(fotografía: archivo familiar)
Hoy, que hace tanto frío, tienen las fotografías también el valor de acercarnos los fríos de hace algunos años, cuando las calefacciones no existían y las almas atemperaban sus cuerpos al calor de los chubesquis. Entonces, en Madrid nevaba con la obstinación de los inviernos de verdad, porque hoy, ni siquiera los grados bajo cero consumen las carnes que se consumen, a cuento del tan traído y llevado cambio climático y otras zarandajas que nadie entiende bien, porque los periodistas intentan, inmodestos, hacerse los marisabidillas de todo. Que el clima cambia es un hecho, si uno mira bien aquellos inviernos rudos de campo y miseria. Y no será el escepticismo (creo en las catástrofes firmemente), sino más bien los cambios de época, que nos hacen ver los meses helados con una imprudente añoranza de sabañones en las manos de nuestros padres a la intemperie.
Resguardados de la nieve (que apenas cae por pura timidez) los niños ya no juegan a tirarse bolas; ni mucho menos, se resguardan del cachete inocente de la mamá que ha perdido los nervios por la travesura, dentro del coche con calefacción, del centro comercial o del abrigo de pelo de animal criado para ser solo un abrigo. Y no me refiero a los conejos de un ministro tan insustancial como necio. Digo que son visones, o zorros o zorras los que cobijan la estupidez contemporánea de la urbanización a diez kilómetros y el Burgocentro de Las Rozas. Antaño, eran rozaduras en las manos, en los pies por el trabajo. Hoy se llevan Las Rozas, capital a la intemperie tras el atasco sordomudo de los cambios climáticos. Capital del consumo al borde de las autovías improductivas llenas de vehículos caros y enormes.
Siempre lo cuenta mi padre mirando con desasosiego a través de la ventana: ya no nieva como antes, afirma, como aquella nochebuena en que cenamos mis siete hermanos y mi madre una sola naranja, y no pudimos con el frío, cuando dormíamos tres en cada cama para no morir congelados. Cuando se meaba atravesando un patio con el suelo escarchado, y era mejor no mear.

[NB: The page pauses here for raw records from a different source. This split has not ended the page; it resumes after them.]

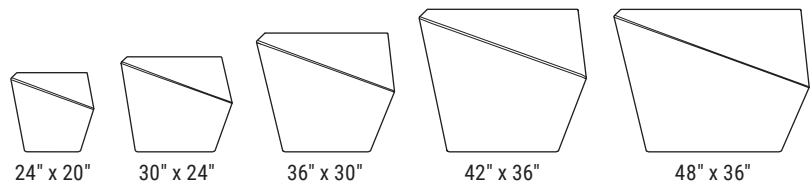

## DELTA TALL

PRODUCT	SHAPE	WIDTH	HEIGHT	BASE SIZE	WEIGHT (LBS.)	VOLUME (CUBIC FT.)	INTERIOR TOP	IRRIGATION
DCT-2436	Three-Sided	24"	36"	14"	90	4.5	13"	CWC-1200
DCT-3042	Three-Sided	30"	42"	20"	130	10.3	17"	CWC-1500

## DELTA STANDARD

PRODUCT	SHAPE	WIDTH	HEIGHT	BASE SIZE	WEIGHT (LBS.)	VOLUME (CUBIC FT.)	INTERIOR TOP	IRRIGATION
DCT-2400	Three-Sided	24"	20"	14"	55	2.5	13"	CWC-1200 / CWM-1114-MS
DCT-3000	Three-Sided	30"	24"	20"	90	5.5	19"	CWC-1600 / CWM-1720-MS
DCT-3600	Three-Sided	36"	30"	22"	130	10.1	25"	CWC-2100 / CWM-1120-3K
DCT-4200	Three-Sided	42"	36"	28"	190	18.2	31"	CWC-2800 / CWM-1120-4K
DCT-4800	Three-Sided	48"	36"	34"	230	25.3	37"	CWC-3300 / CWM-1720-3K

## DELTA LOW

PRODUCT	SHAPE	WIDTH	HEIGHT	BASE SIZE	WEIGHT (LBS.)	VOLUME (CUBIC FT.)	INTERIOR TOP	IRRIGATION
DCT-3614	Three-Sided	36"	14"	26"	80"	4.7	25"	CWF-2808 / CWM-1109-2K
DCT-4216	Three-Sided	42"	16"	28"	100"	6.7	27"	CWF-2508 / CWM-1109-3K
DCT-4818	Three-Sided	48"	18"	30"	130"	9.6	31"	CWF-2909 / CWM-1114-3K
DCT-6023	Three-Sided	60"	23"	40"	215"	22	43"	CWF-3410 / CWM-1714-3K

## DELTA TALL

PRODUCT	SHAPE	WIDTH	HEIGHT	BASE SIZE	WEIGHT (LBS.)	VOLUME (CUBIC FT.)	INTERIOR TOP	IRRIGATION
DT-2436	Three-Sided	24"	36"	14"	25	4.5	13"	CWC-1200
DT-3042	Three-Sided	30"	42"	20"	35	10.3	17"	CWC-1500
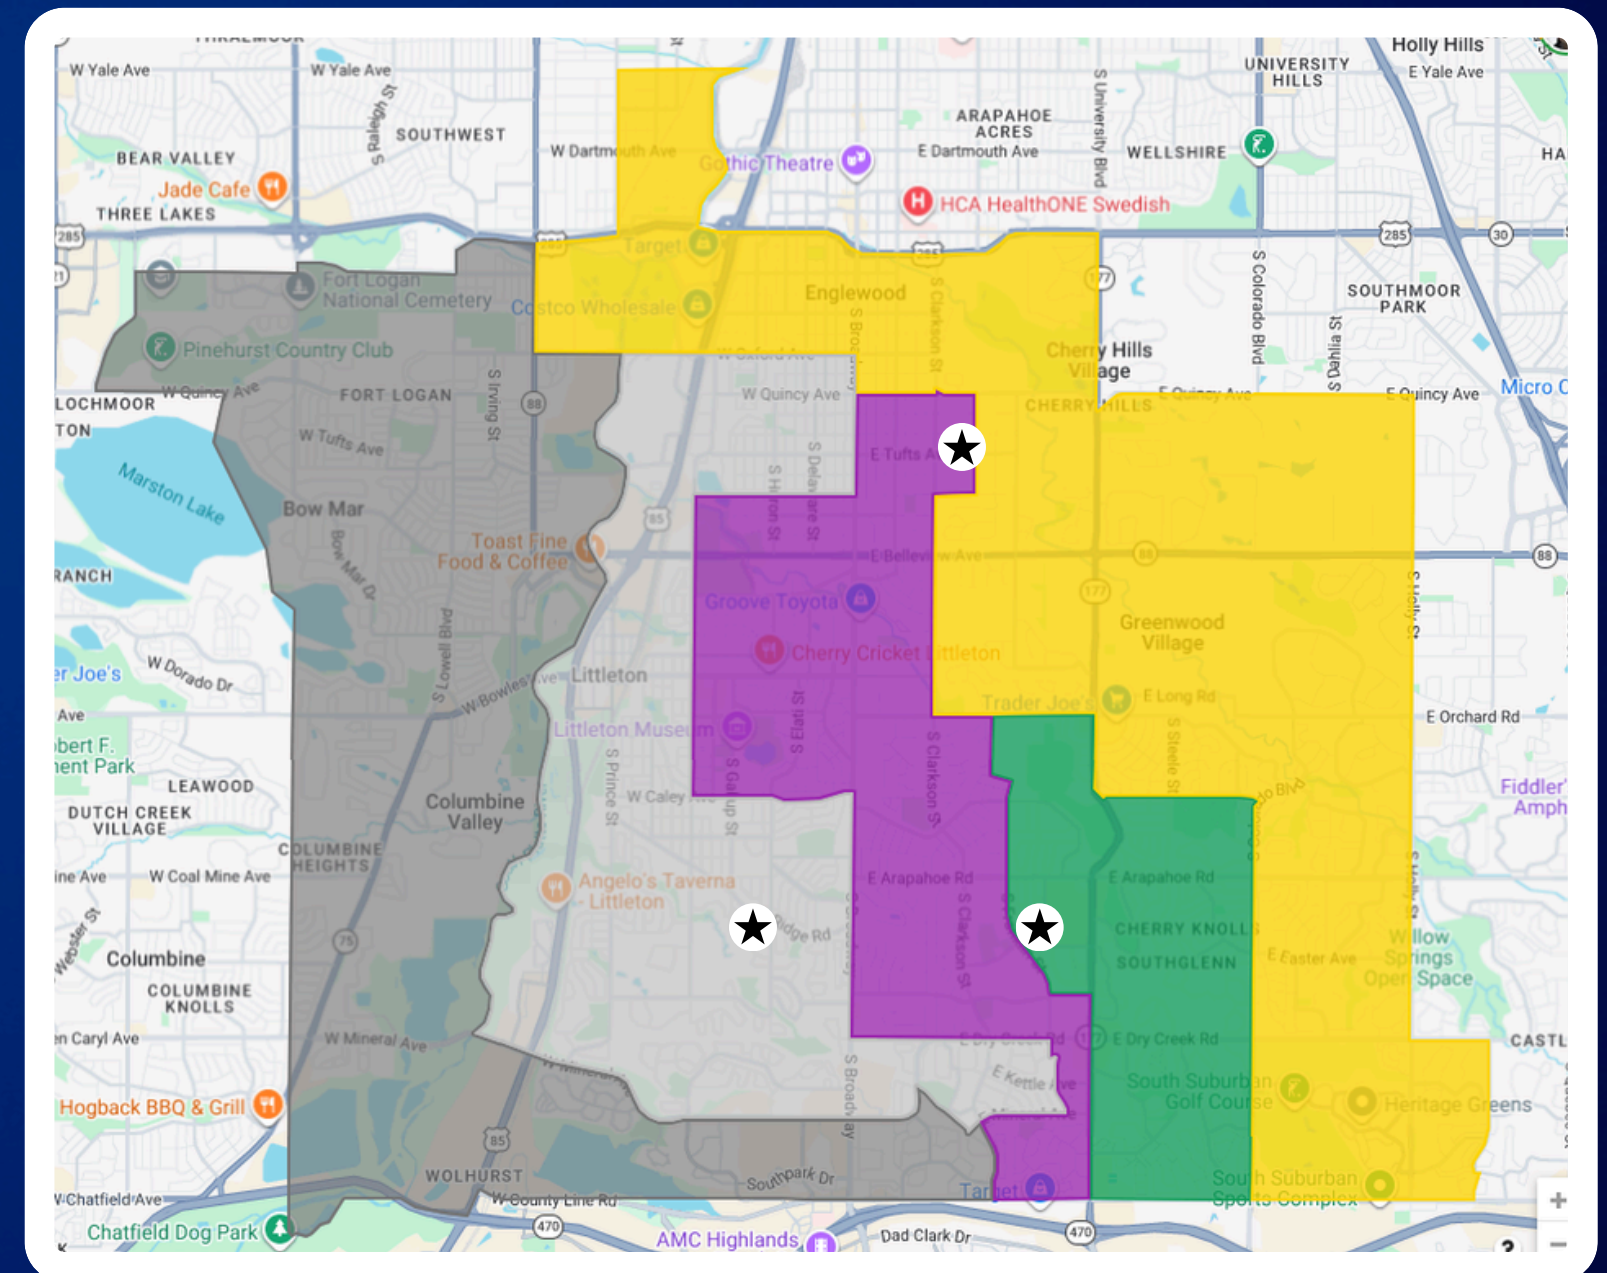

LITTLETON COLORADO STAKE

Boundary Changes

LITTLETON COLORADO STAKE

Current

New

CORNERSTONE PARK WARD

New Boundary

Old Boundary

Bishop Roger Mortensen

CORNERSTONE PARK WARD

New Boundary

Old Boundary

OUTER BOUNDARIES

North

E. Quincy Ave.

East

S. University Ave.

South

E. County Line Rd.

West

S. Windermere St.

MEETING DETAILS

Tufts

9:00 AM - Sacramento Meeting

New Boundary

Old Boundary

OUTER BOUNDARIES

North

W. Yale Blvd.

East

S. Monaco St.

South
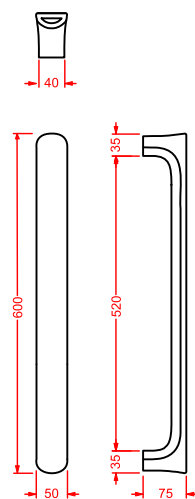

CWC005 COW

porta salviette ceramica 60
ceramic towel rail 60

CWC006 COW

gancio ceramica
ceramic hook

AZULEY

AZV001 AZULEY

vaso sospeso
wall-hung WC

AZB001 AZULEY
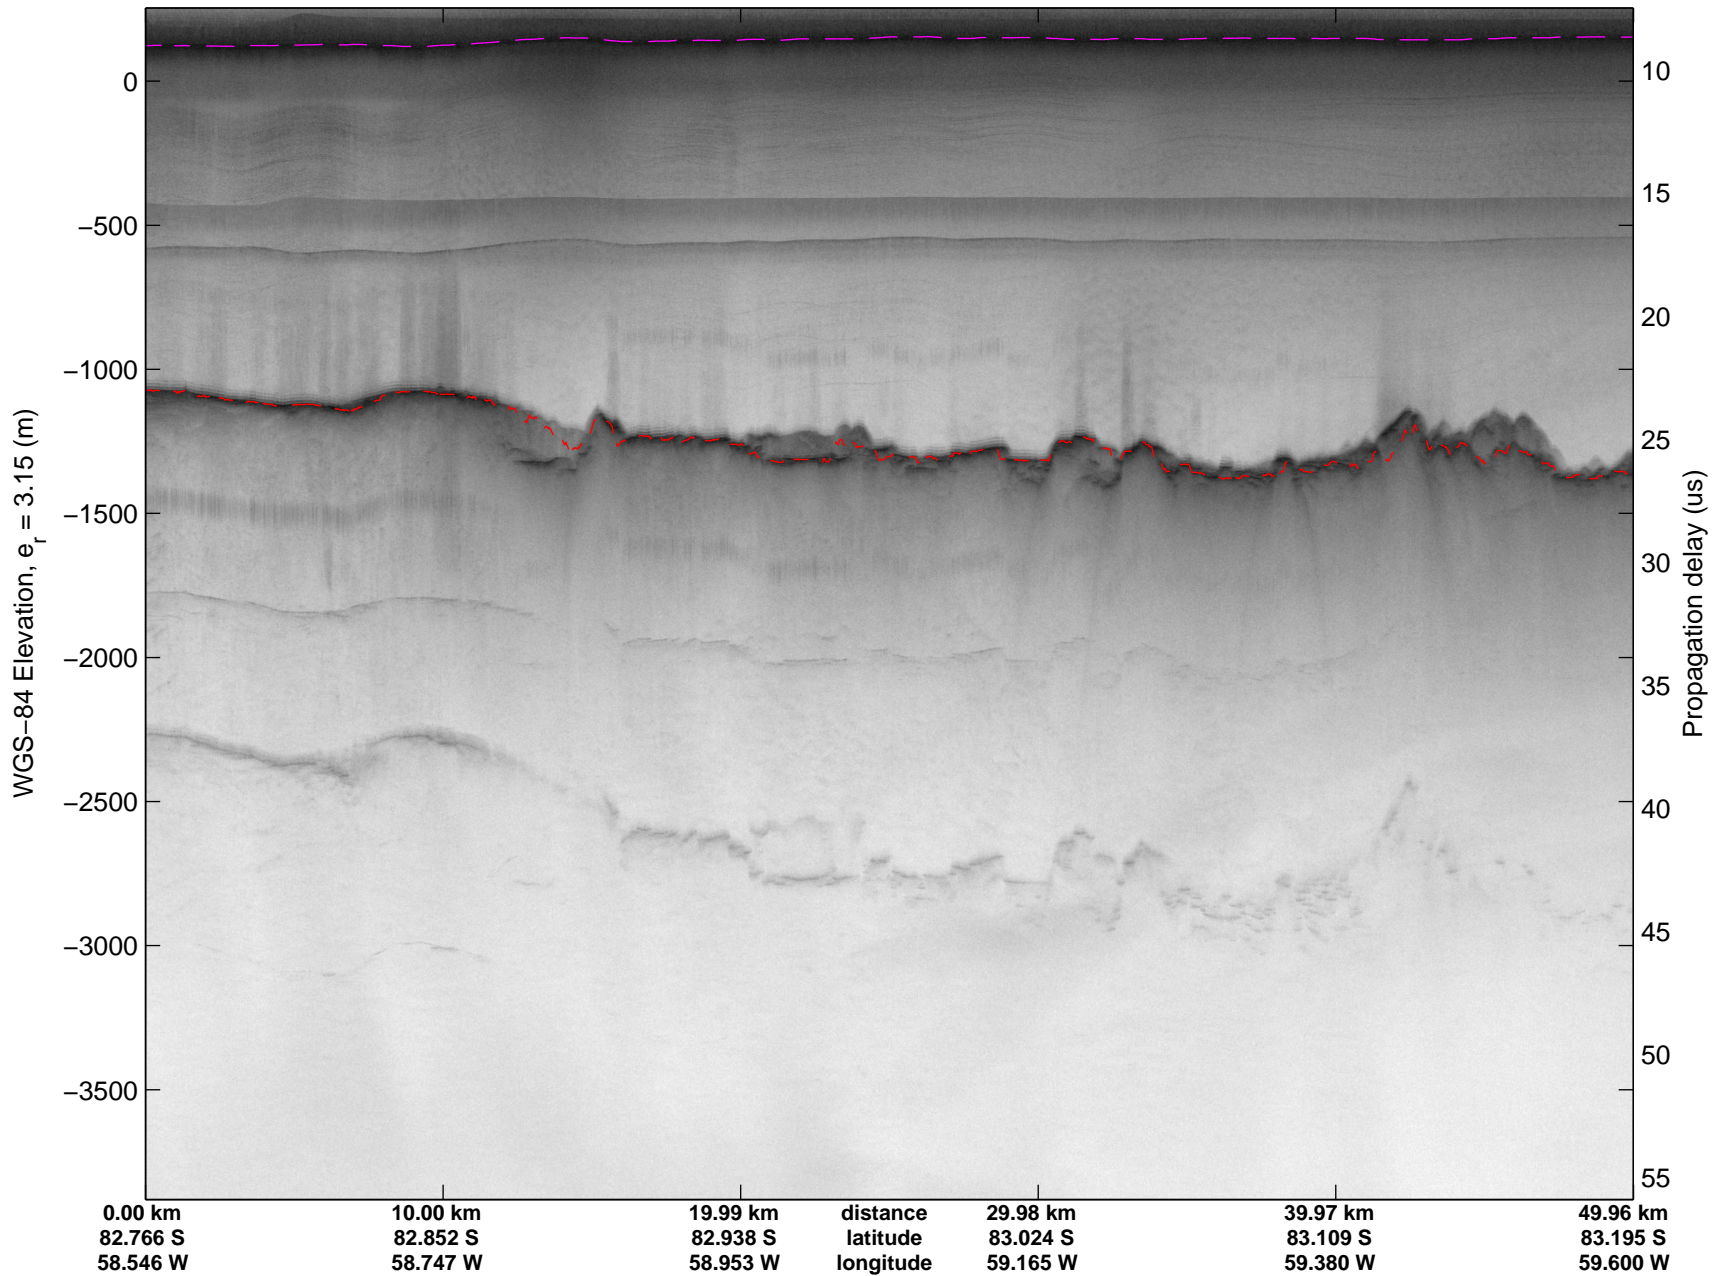

mcords3 2014_Antarctica_DC8: "Land Ice Foundation Lakes 01" 20141028_03_006: 16:38:02.4 to 16:44:33.7 GPS
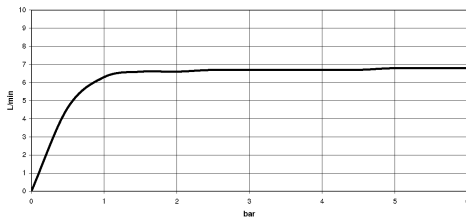

mm [inches]

Flow rate chart

Rainshower solution

ST 050 523 0782

Fits: IMO, LULU, MEM, CL.1, CYO

- rain shower 300 x 240mm
- PURE RAIN, max. flow rate 6.8 l/min (at 3 bar)
- PURIFY RAIN, max. flow rate 6.8 l/min (at 3 bar)
- Distance to ceiling from bottom edge of shower 40 mm
- with anti-scale system
- central LED Spot 3000 K
- Provided by customer: Light switch
- For simultaneous control of the jet types, we recommend the xTool thermostat module
- Not suitable for use in a steam room.
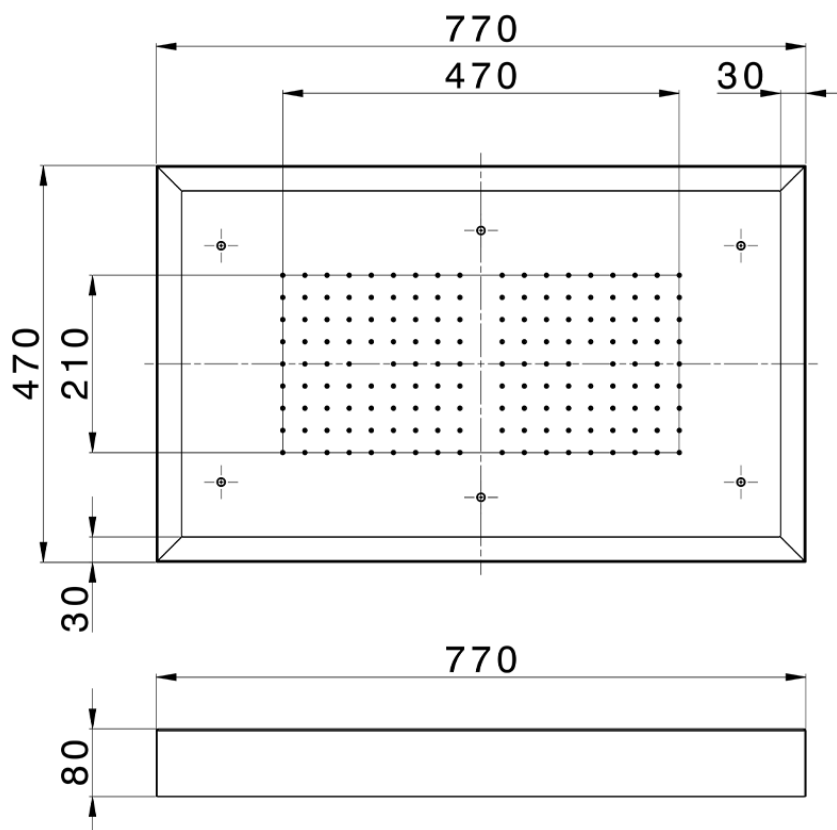

**770x470 mm Chromotherapy Ceiling showerhead ZEN SHOWER\_ZS0C0155**

ZS0C0155

<https://en.cisal.it/770x470-mm-chromotherapy-ceiling-showerhead-zen-shower-zs0c0155>

2026-06-30
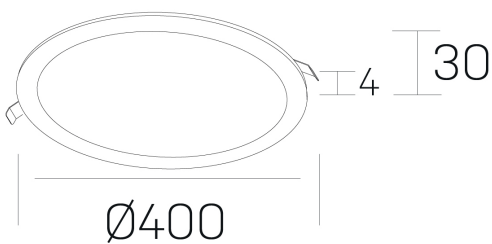

disc
K51702.05.RF.BK-BK.OP.ST.8.27.D1

GENERAL DETAILS

INSTALLATION	recessed with frame
FINISHES ALUMINIUM	Black-Black
LIGHT DIRECTION	Fixed
INT/EXT IP DEGREE	IP 43
MATERIAL	Aluminum
IK DEGREE	IK03
UTILIZATION	Indoor
WARRANTY	5 years

ELECTRICAL DETAILS

LAMP	LED
POWER	36 W
COLOUR TEMPERATURE	2700K
LUMINOUS FLUX	2520 Lm
EFFICACY DIMMING	92 Lm/W
DIMABLE	1.10v
DRIVER	Remote
CLASS PROTECTION	II
COLOUR RENDERING INDEX	CRI >80
VOLTAGE	220-240 V
FRECUENCIA	50-60 Hz
CURRENT INTENSITY	900 mA
LIFE TIME	50.000 h

GENERAL DIMENSIONS

DIMENSIONS	Ø 400 mm
CUT OUT	Ø 385 mm
HEIGHT	h 30 mm
DIMENSIONES DE EMBALAJE	N/A

*Please might expect a max.15% figure reduction in finishes other than white
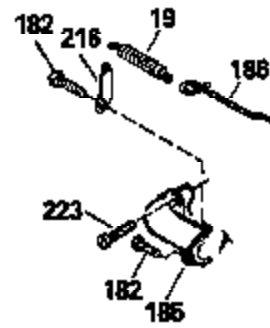

Ref #	Part Number	Qty	Description
19	31361		Spring, Extension
69	35261		* Gasket, Mounting flange
167	32924		Spring, Speed adjusting screw
168	650688		Screw, 10-32 x 1"
182	6201		Screw, 1/4-28 x 7/8"
185	31384A		Pipe, Intake (Incl. 224)
186	34337		Link, Governor spring
201	33150		Bracket, Over ride control
209	30200		Screw, 10-24 x 9/16"
223	650451		Screw, 1/4-20 x 1"
238	650806		Screw, 10-32 x 5/8"
246B	35435		Filter, Pre-Air (Use as required)
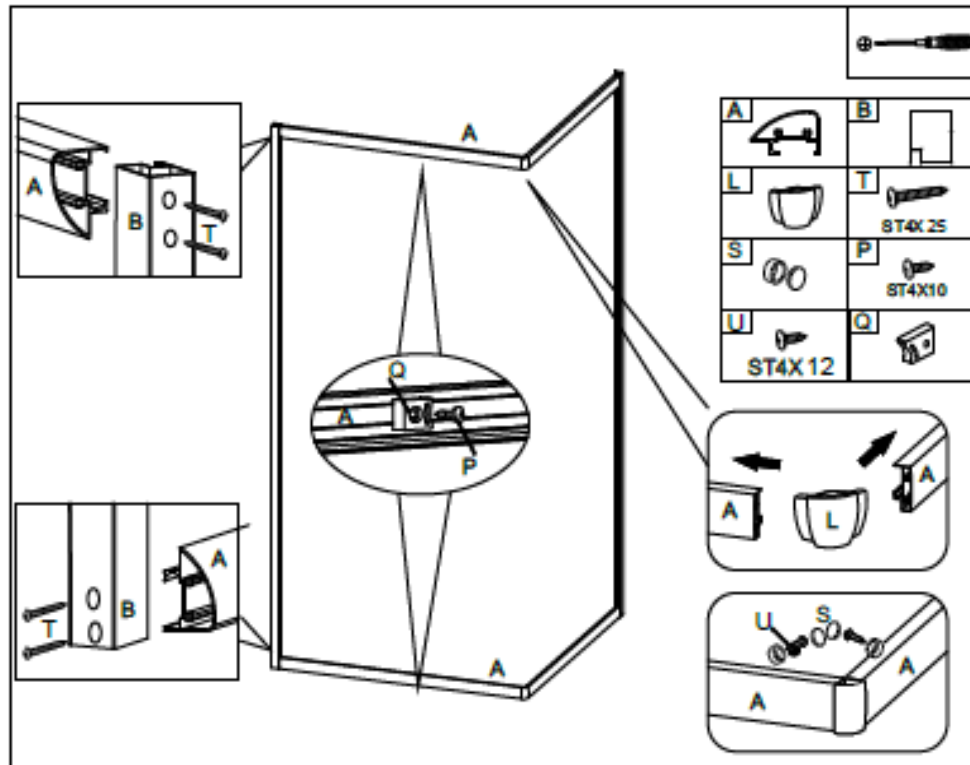

Stuxi Nizza szögletes zuhanykabin
Stuxi Nizza Black szögletes zuhanykabin
SIZE:800X800X1900MM
900X900X1900MM

A		X4	H		X4	O		X6
B		X2	I		X4	P		X8
C		X2	J		X2	Q		X8
D		X2	K		X2	R		X4
E		X2	L		X2	S		X16
F		X2	M		X4	T		X8
G		X4	N		X6	U		X10

1

2

3

4
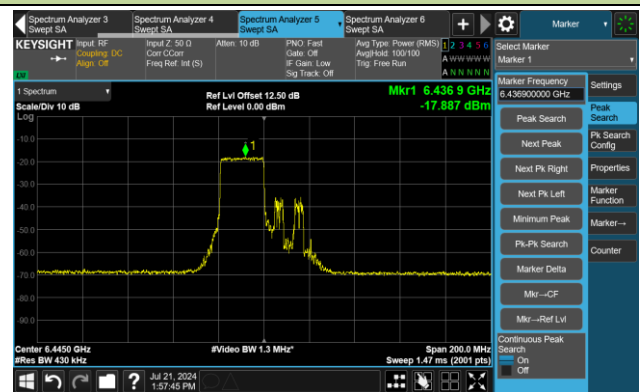

802.11ax-HE40 – Ant 3

Channel 3 (5965MHz) RU242/61

The Reference Level

The Mask Data

Channel 51 (6205MHz) RU242/61

The Reference Level

The Mask Data

802.11ax-HE40 – Ant 3

Channel 91 (6405MHz) RU242/62

The Reference Level

The Mask Data

Channel 99 (6445MHz) RU242/61

The Reference Level

The Mask Data

Channel 107 (6485MHz) RU242/62

The Reference Level

The Mask Data

802.11ax-HE40 – Ant 3

Channel 115 (6525MHz) RU242/62

The Reference Level

The Mask Data

Channel 123 (6565MHz) RU242/61

The Reference Level

The Mask Data

Channel 147 (6685MHz) RU242/61

The Reference Level

The Mask Data

Y si era mejor no mear, tampoco era mejor aquello que esto: celebración de la quimera, dionisios con tarjeta de crédito bien nutrida y alimentada a costa del chalé que no se vende y del dinero negro, que viene de África en pateras. Cambian tanto las cosas, que da miedo el cambio climático, porque cuando los visones sobren, serán prendas de lujo las bermudas floreadas de los pobres que veranean en Alicante, horror más por estética que por su coste, claro.